- [Work request]
What you return should be the line containing "Internet: www.atera.de" and each line after it to the end of the records, copied exactly.

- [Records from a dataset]

※ ※ ※

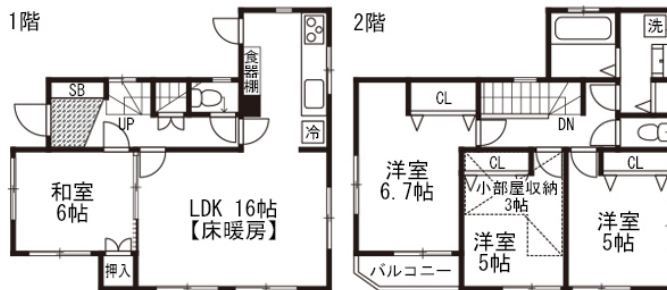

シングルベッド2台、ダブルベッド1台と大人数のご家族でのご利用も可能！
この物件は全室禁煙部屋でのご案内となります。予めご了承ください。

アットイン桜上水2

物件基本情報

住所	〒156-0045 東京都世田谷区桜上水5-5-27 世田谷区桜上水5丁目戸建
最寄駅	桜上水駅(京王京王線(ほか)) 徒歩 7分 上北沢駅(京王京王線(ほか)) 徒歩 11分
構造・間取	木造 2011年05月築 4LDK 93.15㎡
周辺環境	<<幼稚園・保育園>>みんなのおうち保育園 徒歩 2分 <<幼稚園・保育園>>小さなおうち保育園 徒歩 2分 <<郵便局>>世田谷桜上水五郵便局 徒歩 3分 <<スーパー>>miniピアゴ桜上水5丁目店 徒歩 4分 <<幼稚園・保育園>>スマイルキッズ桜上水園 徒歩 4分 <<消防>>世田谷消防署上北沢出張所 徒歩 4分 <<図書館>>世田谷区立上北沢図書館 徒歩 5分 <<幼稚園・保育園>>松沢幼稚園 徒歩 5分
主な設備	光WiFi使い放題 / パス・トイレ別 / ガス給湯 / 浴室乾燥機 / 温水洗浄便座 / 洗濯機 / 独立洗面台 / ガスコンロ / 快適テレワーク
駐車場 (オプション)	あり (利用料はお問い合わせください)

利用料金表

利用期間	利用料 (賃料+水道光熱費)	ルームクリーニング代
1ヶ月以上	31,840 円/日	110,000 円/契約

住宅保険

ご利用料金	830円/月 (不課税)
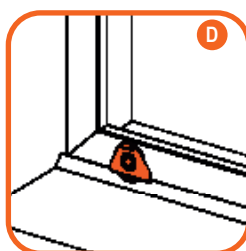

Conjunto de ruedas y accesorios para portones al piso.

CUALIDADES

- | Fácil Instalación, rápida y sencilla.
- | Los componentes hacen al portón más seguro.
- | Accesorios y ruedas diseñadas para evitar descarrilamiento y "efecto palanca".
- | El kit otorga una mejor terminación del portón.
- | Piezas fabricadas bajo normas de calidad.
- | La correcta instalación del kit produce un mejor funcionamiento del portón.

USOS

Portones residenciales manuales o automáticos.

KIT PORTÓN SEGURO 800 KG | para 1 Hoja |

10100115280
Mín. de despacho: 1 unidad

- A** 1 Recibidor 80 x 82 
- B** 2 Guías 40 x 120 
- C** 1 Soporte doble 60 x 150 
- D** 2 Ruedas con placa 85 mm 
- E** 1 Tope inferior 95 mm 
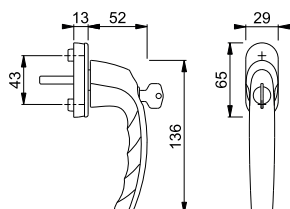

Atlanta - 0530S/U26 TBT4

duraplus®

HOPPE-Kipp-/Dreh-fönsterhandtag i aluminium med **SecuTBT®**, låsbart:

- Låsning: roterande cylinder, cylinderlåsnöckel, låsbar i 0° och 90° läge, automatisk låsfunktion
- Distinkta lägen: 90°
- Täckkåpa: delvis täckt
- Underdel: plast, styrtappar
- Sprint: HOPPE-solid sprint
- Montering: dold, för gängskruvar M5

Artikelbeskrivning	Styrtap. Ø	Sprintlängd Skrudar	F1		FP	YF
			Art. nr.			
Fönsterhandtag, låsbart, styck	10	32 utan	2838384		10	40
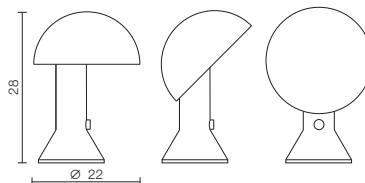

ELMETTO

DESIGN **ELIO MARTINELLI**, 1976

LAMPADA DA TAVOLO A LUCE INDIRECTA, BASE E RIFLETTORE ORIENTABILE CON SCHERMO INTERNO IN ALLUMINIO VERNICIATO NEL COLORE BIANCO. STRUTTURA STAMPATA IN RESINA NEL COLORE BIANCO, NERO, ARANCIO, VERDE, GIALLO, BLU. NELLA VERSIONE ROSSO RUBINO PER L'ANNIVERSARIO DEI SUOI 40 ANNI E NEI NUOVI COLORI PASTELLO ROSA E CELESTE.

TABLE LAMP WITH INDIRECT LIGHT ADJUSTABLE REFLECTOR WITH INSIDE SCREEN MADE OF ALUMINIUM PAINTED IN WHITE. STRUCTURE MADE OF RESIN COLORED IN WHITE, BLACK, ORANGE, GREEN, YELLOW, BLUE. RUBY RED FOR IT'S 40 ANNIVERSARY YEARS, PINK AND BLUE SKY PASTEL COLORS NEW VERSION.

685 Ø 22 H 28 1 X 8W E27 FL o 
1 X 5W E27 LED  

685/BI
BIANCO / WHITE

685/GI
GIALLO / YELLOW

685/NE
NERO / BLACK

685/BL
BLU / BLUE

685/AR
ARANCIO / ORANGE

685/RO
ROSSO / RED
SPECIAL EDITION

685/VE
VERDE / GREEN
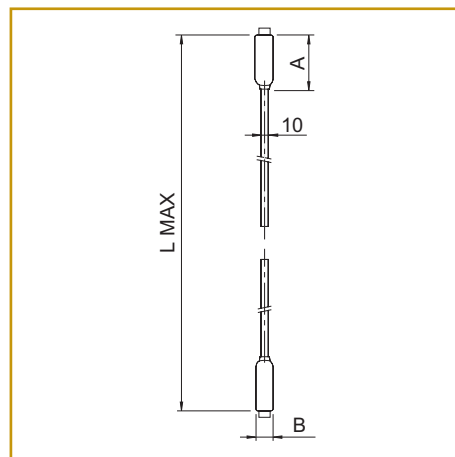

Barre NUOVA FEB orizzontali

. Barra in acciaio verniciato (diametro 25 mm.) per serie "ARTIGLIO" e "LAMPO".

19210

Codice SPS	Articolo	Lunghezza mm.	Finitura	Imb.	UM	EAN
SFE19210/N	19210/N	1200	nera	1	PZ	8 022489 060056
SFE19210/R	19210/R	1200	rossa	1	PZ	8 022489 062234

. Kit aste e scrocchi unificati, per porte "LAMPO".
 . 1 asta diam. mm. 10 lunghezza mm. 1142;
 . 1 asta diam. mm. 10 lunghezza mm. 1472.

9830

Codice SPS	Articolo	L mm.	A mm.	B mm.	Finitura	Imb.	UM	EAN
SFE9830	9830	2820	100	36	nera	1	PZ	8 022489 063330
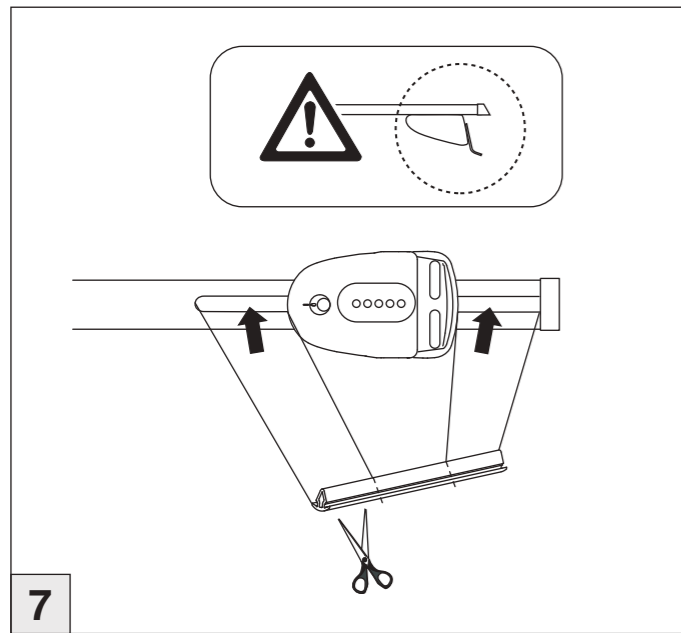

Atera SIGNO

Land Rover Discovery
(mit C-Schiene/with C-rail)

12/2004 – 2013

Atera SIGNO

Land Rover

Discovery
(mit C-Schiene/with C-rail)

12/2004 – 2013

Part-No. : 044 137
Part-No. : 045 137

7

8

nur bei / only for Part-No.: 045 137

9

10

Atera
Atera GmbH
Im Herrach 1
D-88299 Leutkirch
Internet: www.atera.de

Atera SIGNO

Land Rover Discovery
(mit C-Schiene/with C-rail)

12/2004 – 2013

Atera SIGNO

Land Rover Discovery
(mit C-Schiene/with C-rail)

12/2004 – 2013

※ ※ ※

- [Exercise output]
Internet: www.atera.de

Atera SIGNO

Land Rover Discovery
(mit C-Schiene/with C-rail)

12/2004 – 2013

Atera SIGNO

Land Rover Discovery
(mit C-Schiene/with C-rail)

12/2004 – 2013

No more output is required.